# The problem:
Return the entries below in their exact form, leaving the pictures out.

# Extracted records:
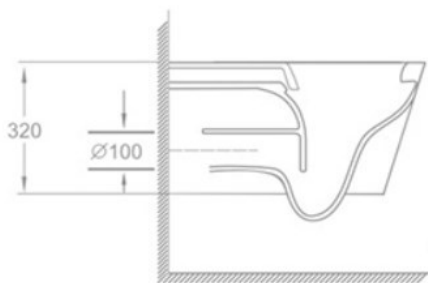

Гарантия: Изделия из санитарного фарфора: 20 лет

Унитаз подвесной BILBAO

с тонким сиденьем soft close

Арт IB.BLB.234.1B1

Размеры, мм: 520*360*320

Цвет: белый

Смыв: торнадо

Выпуск: горизонтальный

Гарантия: Изделия из санитарного фарфора: 20 лет

Унитаз подвесной BILBAO

с тонким сиденьем soft close

Арт IB.BLB.234.2B2

Размеры, мм: 520*360*320

Цвет: черный

Смыв: торнадо

Выпуск: горизонтальный
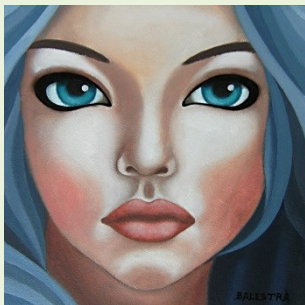

Cell. 3397935374

La pittura di Giovanni Grappiolo matura e personale, ricorda sia l'impressionismo sia l'espressionismo rielaborati in modo personale e soggettivo.

Balestra Riccardo

Nato a Castelletto Stura nel 1947
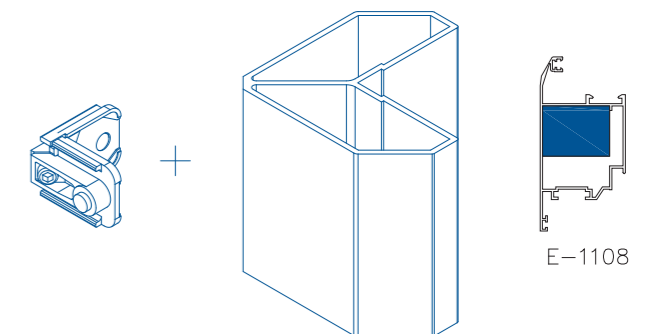

код/описание code/description	опаковка/бр package/pcs	ЦВЯТ colour	основни и екструдирани алуминиеви ъгли die casted and extruded aluminium joints
ET053302	250	MF	

ОСНОВЕН ЪГЪЛ ЛЯТ
die casted aluminium
joint corner bracket

ET050001	200	MF	

екструдиран алуминиев
допълнителен ъгъл 36.5 мм
extruded aluminium
shimming corner 36.5 mm

ET050005	80	MF	

екструдиран алуминиев
допълнителен ъгъл 36.5 мм
extruded aluminium
shimming corner 36.5 mm

ET050008	100	MF	

екструдиран алуминиев
допълнителен ъгъл 30.0 мм
extruded aluminium
shimming corner 30.0 mm
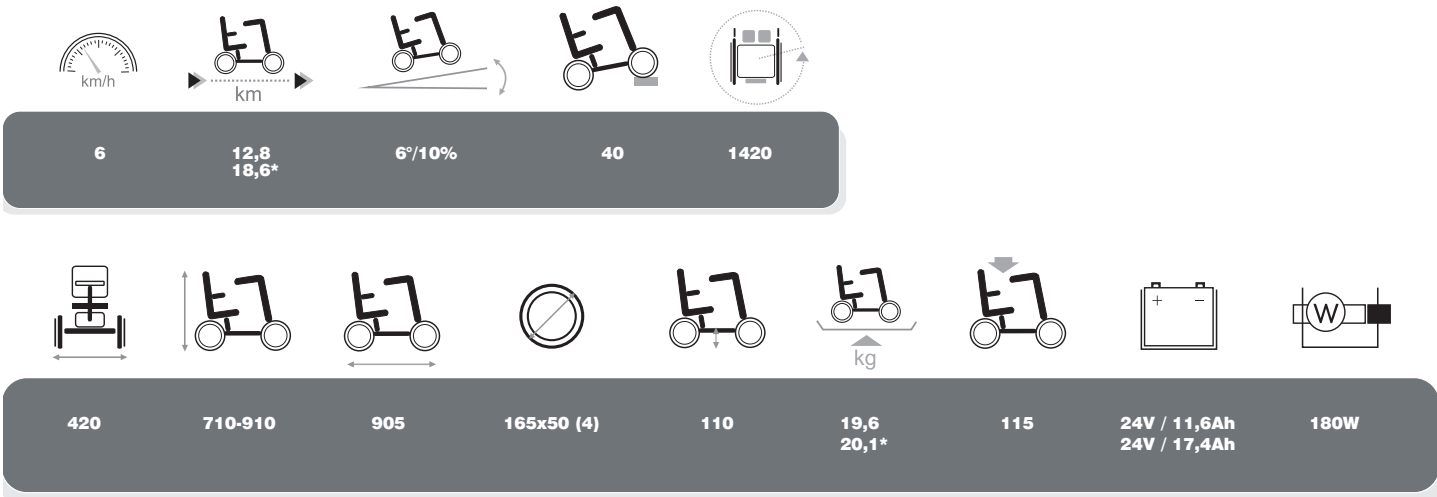

Alya

Compacto

Tamaño compacto para el transporte

El **Alya** es un scooter plegable muy compacto. Fácil de llevar, permitiéndole usar su scooter en cualquier lugar y en cualquier momento. Con su gran autonomía, el Alya está cómodo tanto en exterior como en interior.

- Columna de dirección telescópica
- Claro indicador de batería
- Llave extraíble

Asiento plegable para fácil transporte

Modelo color gris con baterías de 17,4 Ah

- Baterías de ION litio extraíbles
- Reposapiés

Modelo color rojo con baterías de 11,6 Ah

Modelo mostrado sólo con fines ilustrativos. Algunas características pueden ser opcionales.

Nuevos horizontes

Información técnica Alya

Medidas en mm, peso en kg. Las medidas y pesos (15 mm, 1,5 kg) pueden diferir. Autonomía teórica de acuerdo con reglas y especificaciones EU, calculado en situación ideal. Velocidad y autonomía puede variar (ca. 15%). * Solo para el modelo gris plateado

Transporte

El **Alya** es el scooter portátil perfecto : ligero, de tamaño compacto y plegable en menos de un minuto, perfectamente portátil. Ideal para distancias cortas y cómodo para circular.

Completamente plegable

# Solution for this problem:
Гарантия: Изделия из санитарного фарфора: 20 лет

Унитаз подвесной BILBAO

с тонким сиденьем soft close

Арт IB.BLB.234.1B1

Размеры, мм: 520*360*320

Цвет: белый

Смыв: торнадо

Выпуск: горизонтальный

Гарантия: Изделия из санитарного фарфора: 20 лет

Унитаз подвесной BILBAO

с тонким сиденьем soft close

Арт IB.BLB.234.2B2

Размеры, мм: 520*360*320

Цвет: черный

Смыв: торнадо

Выпуск: горизонтальный

Cell. 3397935374

La pittura di Giovanni Grappiolo matura e personale, ricorda sia l'impressionismo sia l'espressionismo rielaborati in modo personale e soggettivo.

Balestra Riccardo

Nato a Castelletto Stura nel 1947

код/описание code/description	опаковка/бр package/pcs	ЦВЯТ colour	основни и екструдирани алуминиеви ъгли die casted and extruded aluminium joints
ET053302	250	MF	

ОСНОВЕН ЪГЪЛ ЛЯТ
die casted aluminium
joint corner bracket

ET050001	200	MF	

екструдиран алуминиев
допълнителен ъгъл 36.5 мм
extruded aluminium
shimming corner 36.5 mm

ET050005	80	MF	

екструдиран алуминиев
допълнителен ъгъл 36.5 мм
extruded aluminium
shimming corner 36.5 mm

ET050008	100	MF	

екструдиран алуминиев
допълнителен ъгъл 30.0 мм
extruded aluminium
shimming corner 30.0 mm

Alya

Compacto

Tamaño compacto para el transporte

El **Alya** es un scooter plegable muy compacto. Fácil de llevar, permitiéndole usar su scooter en cualquier lugar y en cualquier momento. Con su gran autonomía, el Alya está cómodo tanto en exterior como en interior.

- Columna de dirección telescópica
- Claro indicador de batería
- Llave extraíble

Asiento plegable para fácil transporte

Modelo color gris con baterías de 17,4 Ah

- Baterías de ION litio extraíbles
- Reposapiés

Modelo color rojo con baterías de 11,6 Ah

Modelo mostrado sólo con fines ilustrativos. Algunas características pueden ser opcionales.

Nuevos horizontes

Información técnica Alya

Medidas en mm, peso en kg. Las medidas y pesos (15 mm, 1,5 kg) pueden diferir. Autonomía teórica de acuerdo con reglas y especificaciones EU, calculado en situación ideal. Velocidad y autonomía puede variar (ca. 15%). * Solo para el modelo gris plateado

Transporte

El **Alya** es el scooter portátil perfecto : ligero, de tamaño compacto y plegable en menos de un minuto, perfectamente portátil. Ideal para distancias cortas y cómodo para circular.

Completamente plegable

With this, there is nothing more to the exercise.